Right now, I'm going back to take a second look at the whole meta thing. Google might just turn around and start looking at it again, at least in a comparitive sense. If your Meta lines up with your On Page, to me that signals an honest coder. A smarter search engine might take things like that into account. And we all know, the game right now is to build a smarter engine than google.

McMohan

8:06 am on Dec 20, 2004 (gmt 0)

WebmasterWorld Senior Member 10+ Year Member Top Contributors Of The Month



Google is not the only player in the search space. ;)

or better "Google is not the only player in the Internet space"

Recently received a mail from a company whose name I added by mistake in the Title of a page, since that company name resembled generic name. Interestingly that mail was CCed to spam[at]google.com :)

Mc

is300

1:15 am on Dec 22, 2004 (gmt 0)

10+ Year Member



I guess what my concern here is - could google use your meta keywords against you? Lets say for example you have plenty of inbound purchased ROS keyword links from external sites. Now, lets say google notices these links, and compares them to your meta tags. They could then determine that with both A (links) and B (meta keywords that match ROS links) you are artificially trying to boost your SEO. They could then penalize you.
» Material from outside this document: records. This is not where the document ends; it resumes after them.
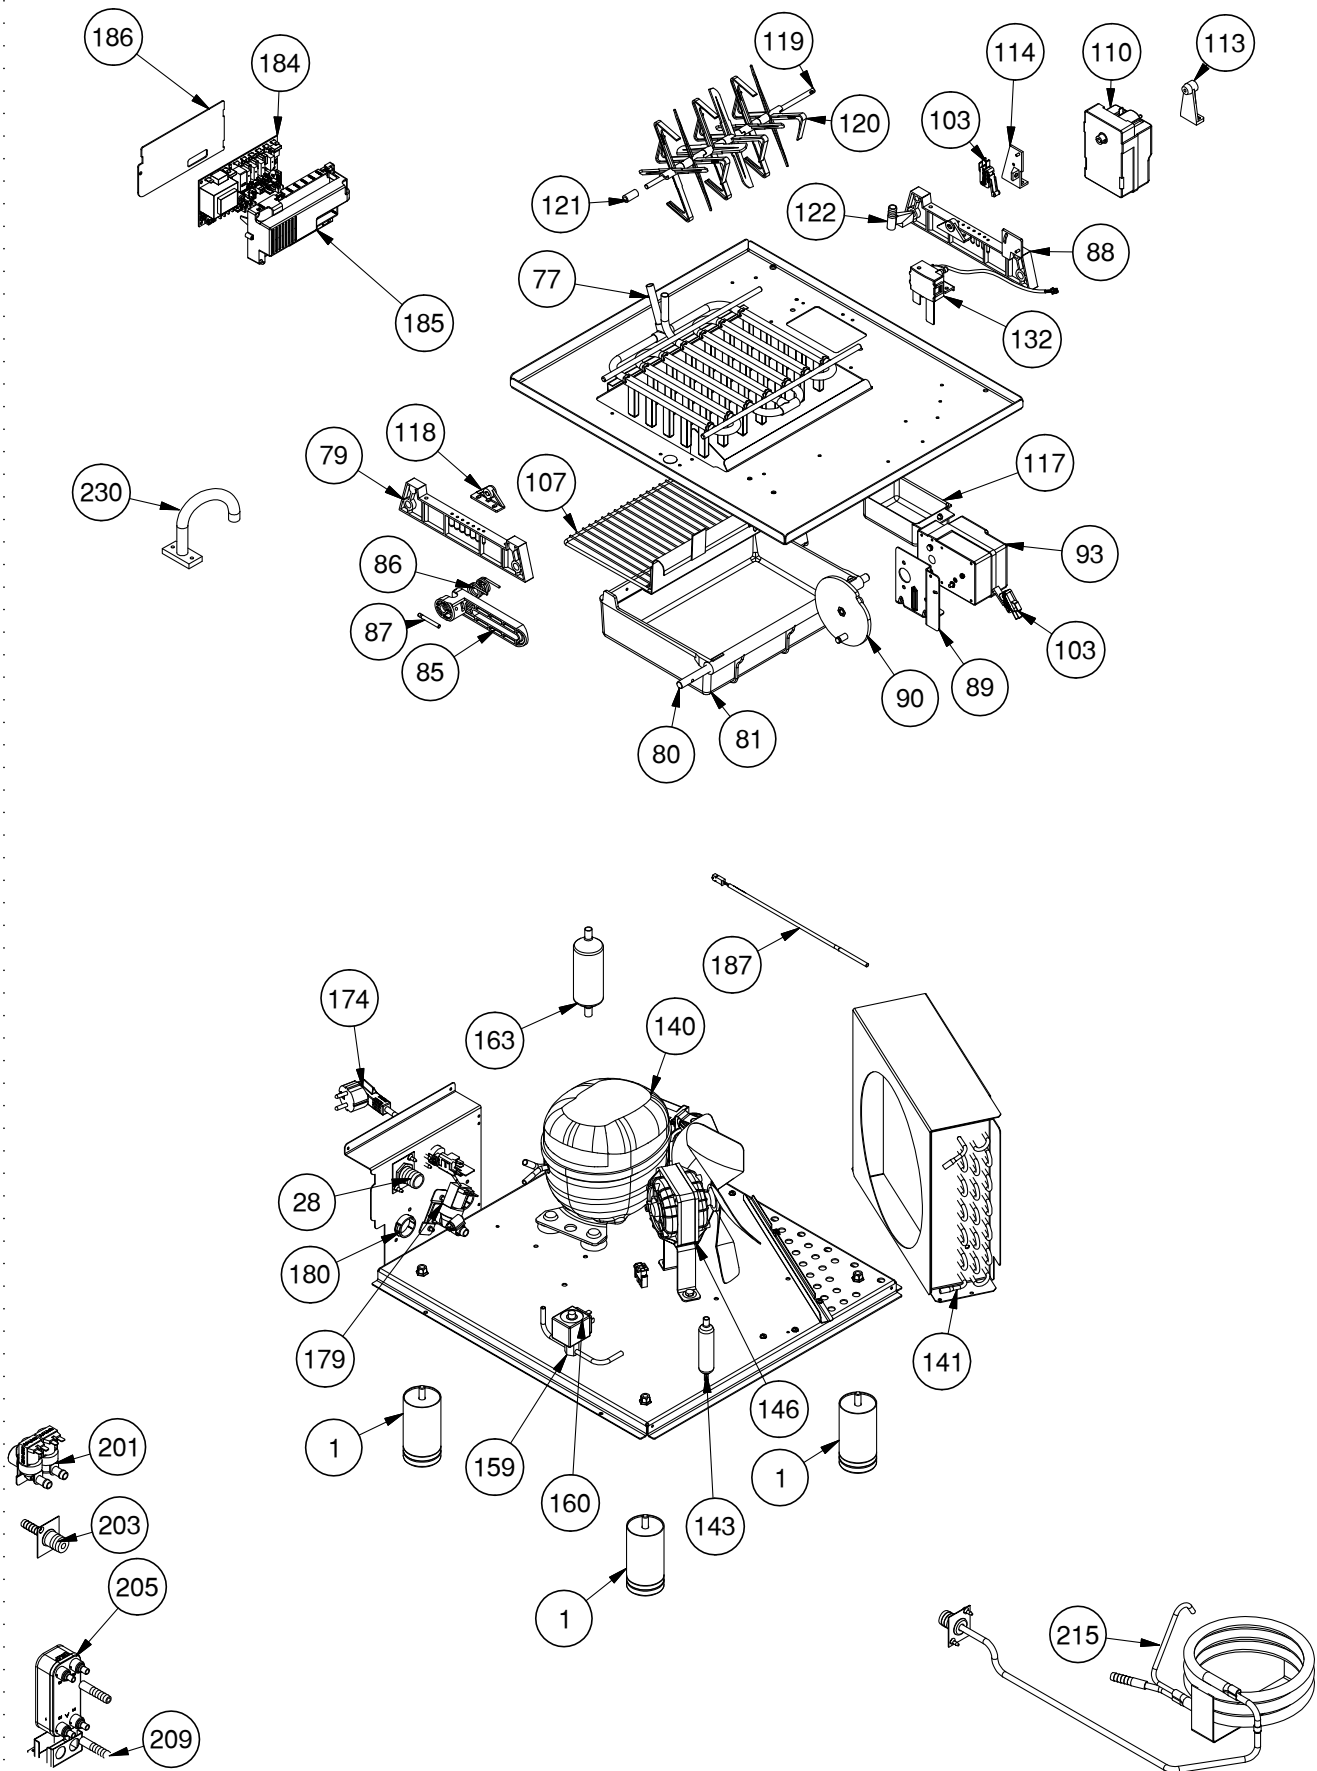

3/3

	N°	CODICE/CODE	IT	EN	FR
	1	CM25570708/0	PIEDINO D50-H100	LEG D50-H100	PIED D50-H100
	28	CM25690807/0	SCARICO MACCHINA ACQUA K	WATER MACHINE DISCHARGE K	DRAINER L'EAU
	77	CM81400094/0	ASS. EVAPORATORE	EVAPORATORE ASSY	ENSEMBLE ÉVAPORATEUR
	79	CM25726123/0	SUPPORTO EVAPORATORE SX	LEFT SUPPORT EVAPORATOR	SUPPORT EVAPORATEUR GAUCHE
	80	CM25030009/0	ALBERO BACINELLA	TANK SHAFT	BASSIN D'ARBRE
	81	CM81414468/0	ASS. BACINELLA	TANK ASSY.	ASSEMBLAGE DU BASSIN
	85	CM25440110/0	LEVA RIBALTAMENTO	HARVEST LEVER	LEVIER DE BASCULEMENT
	86	CM25474602/0	MOLLA RIBALTAMENTO	HARVEST SPRING	RESSORT D'INCLINAISON
	87	CM25560256/0	PERNO MOLLA	PIN SPRING	GOUPILLE ÉLASTIQUE
	88	CM25726124/0	SUPPORTO EVAPORATORE DX	RIGHT SUPPORT EVAPORATOR	SUPPORT ÉVAPORATEUR DROIT
	89	CM25725429/0	SUPPORTO MOTORIDUTTORE	HARVEST MOTOR SUPPORT	SUPPORT MOTORÉDUCTEUR
	90	CM81413043/0	DISCO MOTORIDUTTORE	HARVEST MOTOR DISK	DISQUE MOTORÉDUCTEUR
⊛	93	CM19440077/0	MOTORIDUTTORE RIBALTAMENTO 50HZ	HARVEST MOTOR 50 HZ	MOTEUR À ENGRENAGES À RENVERSEMENT 50HZ
⊛	93	CM81400006/0	ASS. MOTORIDUTTORE RIBALTAMENTO	HARVEST MOTOR ASSY.	MOTORÉDUCTEUR À RENVERSEMENT
⊛	103	CM19410216/0	MICRO INTERRUPTORE MOTORE PALETTE	PADDLE MOTOR MICROSWITCH	MICRO INTERRUPTEUR MOTEUR PALETTE
	107	CM81413031/0	GRIGLIA INOX PER BACINELLA	STAINLES STEEL GRILL FOR TANK	GRILLE EN ACIER INOX POUR CONTENEUR
⊛	110	CM19440059/1	MOTORIDUTTORE PALETTE 50HZ	PADDLE MOTOR 50HZ	MOTEUR À ENGRENAGES À PALETTES 50HZ
	113	CM25725439/0	SUPPORTO MOTORIDUTTORE PALETTE	PADDLE MOTOR SUPPORT	SUPPORT MOTORÉDUCTEUR À PALETTES
	114	CM25525419/0	SUPPORTO MICRO PALETTE	MICRO PALETTE SUPPORT	SUPPORT DE MICRO-PALETTES
	117	CM25620510/0	PROTEZIONE MOTORIDUTTORE RIBALTAMENTO	HARVEST MOTOR PROTECTION	PROTECTION MOTORÉDUCTEUR
	118	CM25726115/3	SUPPORTO ALBERO PALETTE	PADDLE SHAFT SUPPORT	SUPPORT D'ARBRE DE PALETTES
	119	CM25030023/0	ALBERO PALETTE	PADDLE SHAFT	PALETTES PIVOT
	120	CM25545515/0	PALETTA K	K PADDLE	PALETTE K
	121	CM19800179/0	DISTANZIALE PER PALETTE	PADDLE SPACER	ESPACEUR POUR PALETTE
	122	CM25300000/0	SUPP.TUBO ENTRATA ACQUA	SUPPORT WATER INLET PIPE	TUYAU D'ENTRÉE D'EAU SUPP.
⊛	132	CM81401310-0	ASS. SENSORE LIVELLO ACQUA	LEVEL WATER SENSOR ASSY	CAPTEUR DE NIVEAU D'EAU
	140	CM19165636/0	COMPRESSORE R134A	COMPRESSOR R134A	COMPRESSUER R134A
	140	CM19166109-0	COMPRESSORE R290	COMPRESSOR R290	COMPRESSUER R290
	141	CM19177105/0	CONDENSATORE AD ARIA R134A	AIR CONDENSER R134A	COMPRESSUER R134A
	141	CM19177143-0	CONDENSATORE AD ARIA R290	AIR CONDENSER R290	CONDENSEUR R290
	143	CM19300804/0	FILTRO GAS R290	GAS FILTER R290	FILTRE A GAZ R290
	146	CM81401331-0	ASS. MOTOVENTILATORE CONDENSATORE	CONDENSER FAN MOTOR ASSY	MOTEUR DU VENTILATEUR DU CONDENSEUR
⊛	159	CM19863033/0	VALVOLA GAS CALDO	HOT GAS VALVE	VANNE GAZ CHAUD
⊛	160	CM19053102/0	BOBINA PER VALVOLA GAS	GAS VALVE COIL	BOBINE POUR VANNE GAZ
	163	CM19000012/0	ACCUMULATORE IN RAME	COPPER ACCUMULATOR	ACCUMULATEUR EN CUIVRE
	174	CM81300024/0	ASS. CAVO ALIMENTAZIONE	POWER CORD ASSEMBLY	CÂBLE D'ALIMENTATION
⊛	179	CM19865502/0	VALV. ENTRATA ACQUA (VERS. ARIA)	WATER INLET VALVE (AIR VERS.)	SEULE CLAPET D'ADMISSION D'EAU (AIR)
	180	CM19690414/0	TAPPO IN PLASTICA	PLASTIC CAP	CASQUETTE EN PLASTIQUE
	185	CM25690260-0	SCATOLA SCHEDA ALL GAS	ALLGAS PC-BOARD BOX	CARTE BOÎTE ALLGAS
	186	CM25160724/0	COPERCHIO SCHEDA ALLGAS	COVER ALLGAS PC-BOARD	COUVERCLE CARTE ELECTRONIQUE

However, if you don't have meta tags, they'd have nothing to compare the link text to and thus they cannot penalize you.

The sites i've seen ranking well have plenty of ROS links, but no meta tags, and they rank really well across both yahoo and google for dozens of competitive phrases. hum...... anyone else?

createErrorMsg

2:42 am on Dec 22, 2004 (gmt 0)

WebmasterWorld Senior Member 10+ Year Member



However, if you don't have meta tags, they'd have nothing to compare the link text to and thus they cannot penalize you.

If G thought this sort of tactic would benefit their results, they could just as easily compare link text to keywords in the title, headers, alt text, or content of the page. I think (hope) G would be forward minded enough to realize that if they penalized for the presence of a meta tag, the net result would be nothing more than the eradication of meta tags, not a reduction of spam.